The empirical results affirm the efficacy of Human2LocoMan in enhancing the manipulation capabilities of quadrupedal robots. Tested across six household manipulation tasks—including unimanual and bimanual modes—the framework registered notable improvements in task success rates. On average, the MXT-trained policy improved success rates by 41.9% overall and 79.7% under out-of-distribution settings compared to baseline models. Human pretraining notably yielded a 38.6% improvement overall and 82.7% under OOD conditions, proving instrumental in achieving robust performance using limited robot data. These results underscore Human2LocoMan's potential in not only enabling versatile manipulation but also ensuring scalability and generalization across diverse tasks and object distributions.
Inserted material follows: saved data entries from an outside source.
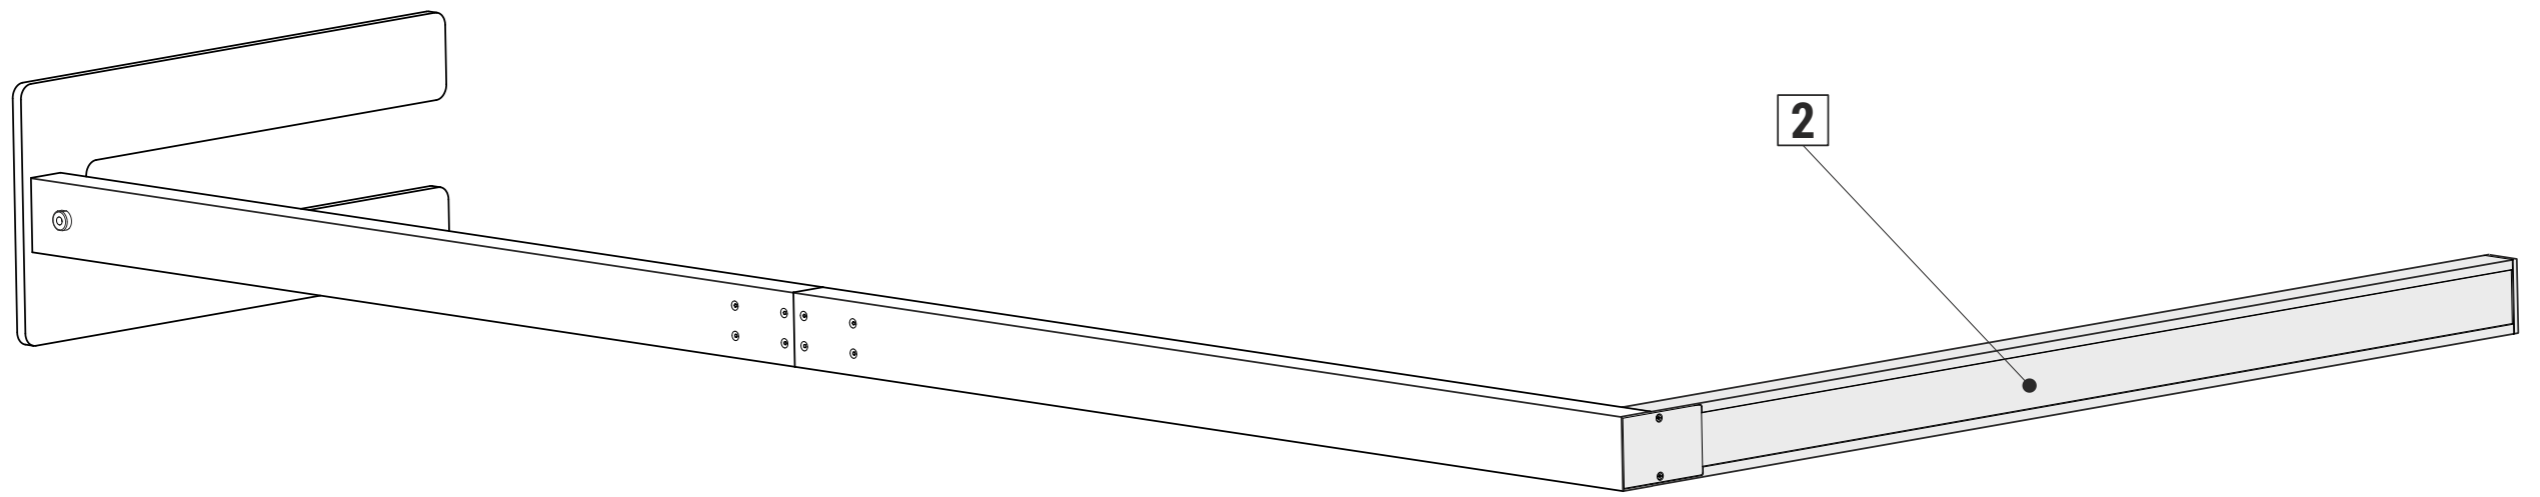

CEE 7/7

200-240V~
50/60 Hz
80W

ca.
2,50 m

www.maul.de

1

2

3

2

Practical and Theoretical Implications

Practically, Human2LocoMan presents a promising pathway for scalable robot training, significantly lowering data collection and computational costs while broadening the scope of robotic applications in complex environments. Theoretically, the framework challenges existing paradigms in robot learning by demonstrating the effectiveness of cross-embodiment knowledge transfer and modularity in deep learning architectures, paving the way for further exploration into scalable multi-embodiment learning systems.

Future Directions

Future research could explore extending the Human2LocoMan framework to other robotic platforms like humanoid robots and robotic arms, assessing its scalability across different physical embodiments. Moreover, incorporating large-scale heterogeneous robotic datasets could provide additional insights into the framework’s robustness and adaptability, further advancing the domain of robotic learning.

In conclusion, "Human2LocoMan" sets a new benchmark in quadrupedal robot learning, leveraging human demonstrations to expand the robotic manipulation horizon while addressing scalability and efficiency—core challenges in the field of robot autonomy.